Sora 2 promises a real gap in terms of realism, complexity of the scenes and introduces sound system. The model is gradually deployed by invitation.
Openai takes a step forward in the video generation. In order to replace its first generation model, already aging against Veo 3, Openai launched this September 30 a new version of Sora. The Californian company evokes an update comparing the transition between Sora to Sora 2 to that of GPT-1 to GPT-3.5. More realistic videos, better adhesion to prompt, sound system … Sora 2 seems to compete with the main actors of the emerging market of video generation.
Better understanding of the physical world
Since the release of Sora last February, the team in charge of Sora at Openai has set out to train the model to simulate the physical world as faithfully as possible. The objective is to make Sora capable of understanding how forces and movements act in the real world to try to reproduce them as finely as possible in generated videos. Gigantic datasets of content (mainly videos) from the web, third -party partnerships or generated by Sora users or researchers have been set up.

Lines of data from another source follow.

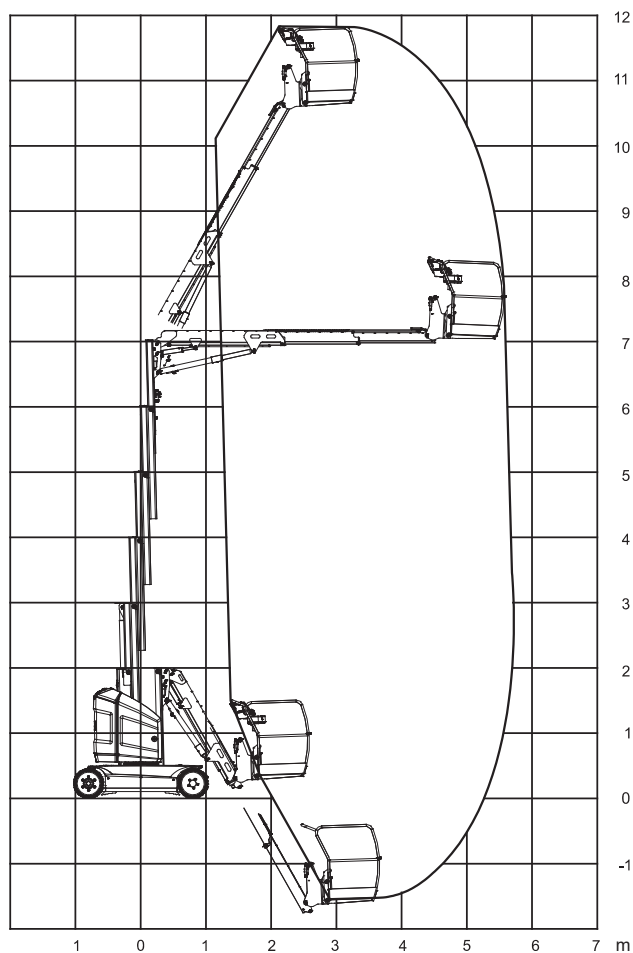

## Mastarbeitsbühne

JLG Toucan 12E Plus

12,65 m

### Technische Daten

Arbeitshöhe	12,65 m
Plattformhöhe	10,65 m
Seitliche Reichweite	6,05 m
Plattformmaße	0,70 x 1,05 m
Platformausschub	- m
Gesamtlänge	3,65 m
Gesamtbreite	1,20 m
Gesamthöhe	1,99 m
Höhe minimum	1,99 m
Tragfähigkeit	200 kg
Gesamtgewicht	4.900 kg
Steigfähigkeit	30 %
Bereifung	Nicht markierend
Antrieb	Elektro

According to Openai, Sora 2 is now able, like Veo 3, to generate physically credible videos. Openai even talks about scenes that have so far been impossible to reproduce with a video generation model. The company cites in particular the case of Olympic gymnastics routines, backflips or even complex skating movements (Axel).
Sora 2 also makes it possible to model situations of failure. For example, if a basketball player misses a shot, the ball will bounce on the rear panel rather than teleport to the basket. The model would also Perform in terms of prompt adhesion, that is to say with results more in line with the initial prompt. Finally, persistence would also have been significantly improved to make it possible to produce more coherent scenes over time.
Upload of real world images and videos, sound system
The main novelty, Sora can now inject real world content (Cameos). Whether it is images (already possible with Sora 1) or videos, the model reproduces the physical appearance of the human, the object or the animal sent with good precision, according to Openai. Realistic and without prior training of the model in short. Finally the other novelty concerns sound system. Like Veo 3, Sora 2 is now able to generate synchronized sound effects and dialogues, with a good level of realism. With Cameos mode, the voice of a person recorded on video can also be simulated.
Example: a Deepfake from Sam Altman flying GPUs in a Target store.
I have the most liked video on sora 2right now, i will be enjoying this short moment While It Lasts
Cctv Footage of Sam Stealing Gpus at Target for Sora Inference pic.twitter.com/b86qzuglmq
– Gabriel (@gabrielpeterss4) September 30, 2025
Sora 2 is launched for the time being in Research release in North America, by invitation. Members already having access to Sora 2 can share an activation code to authorize new users from Sora.com. Sora 2 is available free of charge with generous limits. Chatgpt pro users will soon be able to use a more advanced version of Sora 2 to generate longer and better quality videos. The video generation API will then be launched in a second step. Openai, however, does not yet communicate a price.
A mobile application for iOS
In parallel Openai launches for consumer users an Sora application designed as a social network. Users can create new video generations and remix the creations of others. The new generated videos can then be shared with the community. Each user has a personalized news wire according to their preferences. The application is launched on iOS, initially in the United States and Canada.
If Sora 2 impresses on paper, Openai keeps the vagueness on the essentials: no benchmark has been communicated to objectively compare the performance of the model in the face of competition. It is also difficult to identify the product strategy of the Californian Scale-Up. Is Sora 2 only targets the general public, or does OPENAI ultimately target the B2B market for content creation and cinema? For the time being, the management remains not very readable.